Yes, we are happy with that. The fact that the unsupervised evaluation is
applied exclusively over the test corpus should have been stressed in the
task website. We apologize for this. We plan to include the results of the
systems over the whole corpus in the task description paper if we have time.
> Also, in our case at least, this leads to a "cleaner" evaluation in that
> we used all 27,132 instances as our features, we clustered all of them,
> and we didn't really treat test/train instances different at all, in fact
> we viewed all 27,132 instances as evaluation data.
> 
> Now, I understand you may not be able to do this for all participants in
> the available time.  If I ran the unsupervised scoring program using my
> answer file as submitted (with 27,132 instances) and the
> senseinduction.key file (again with 27,132 instances) would I get accurate
> scores?
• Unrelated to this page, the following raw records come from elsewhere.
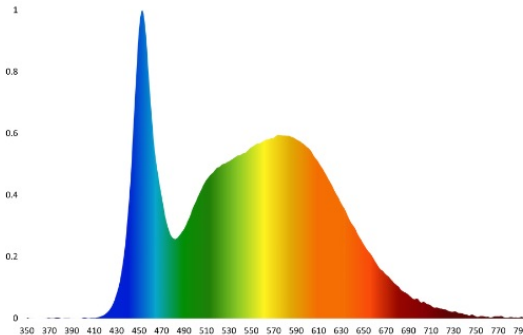

# THE AELIUS 20W LED TUBE

The Aelius 20W LED Tube has a classic practical design that perfectly replaces T5 & T8 fixtures.

## AVAILABLE SPECTRUMS

5000K SPECTRUM

6500K SPECTRUM

5000K + 660NM & 730NM SPECTRUM

## FIXTURE HIGHLIGHTS

<b>MODEL</b>	AELIUS-420
<b>EFFICACY</b> (400-800nm)	2.5 $\mu\text{mol}/\text{J}$
<b>PHOTON FLUX</b> (400-800nm)	50 $\mu\text{mol}/\text{s}$
<b>POWER</b>	20 W
<b>VOLTAGE RANGE</b>	120-277 V

THE  
**AELIUS 20W**  
LED TUBE

FIXTURE **SPECIFICATIONS**

<b>FULL MODEL NAME</b>	The Aelius 20W LED Tube
<b>INPUT VOLTAGE RANGE</b>	120-240V
<b>DIMMABLE</b>	No
<b>LIFETIME</b>	Q70 > 20,000hrs
<b>LED OPTICS</b>	120° Primary Optics
<b>FIXTURE POWER</b>	20 W
<b>POWER FACTOR</b>	0.90
<b>FREQUENCY</b>	50/60Hz
<b>THD @ 100% POWER</b>	<20%
<b>INDIVIDUAL COVERAGE</b>	8" x 44"
<b>TOTAL BOX COVERAGE</b>	44" x 48" (12" spacing)
<b>WARRANTY PERIOD</b>	5 Years
<b>DAMP LOCATIONS</b>	IP65
<b>DAISY-CHAIN</b>	Up To 20 Fixtures

If so I can report those in my paper and address some of the
> above.
Yes, this is right. For computing the FScore over the whole corpus just
execute unsup_eval.pl script with the complete gold standard key as the 
second parameter:
% unsup_eval.pl your_system_train_test.key ../keys/senseinduction.key
> As a second curiosity, if both evaluation measures are being run on the
> same 4851 test instances, I wonder why 1 cluster per word for unsupervised
> and mfs for supervised come out slightly differently. In unsupervised the
> Fscores are 78.9 (all), 80.7 (n), and 76.8 (v), while in supevised they
> are 78.7 (all), 80.9 (n), and 76.2 (v). Any thoughts on where there is a
> difference?
There are scored following different criteria: the unsupervised evaluation
is scored with the unsup_scorer.pl program (FScore), and the supervised with
the scorer2 (which computes recall). They basically measure different
things, so i think it's normal that they yield different results. The fact
that they give almost the same figures looks more like a coincidence.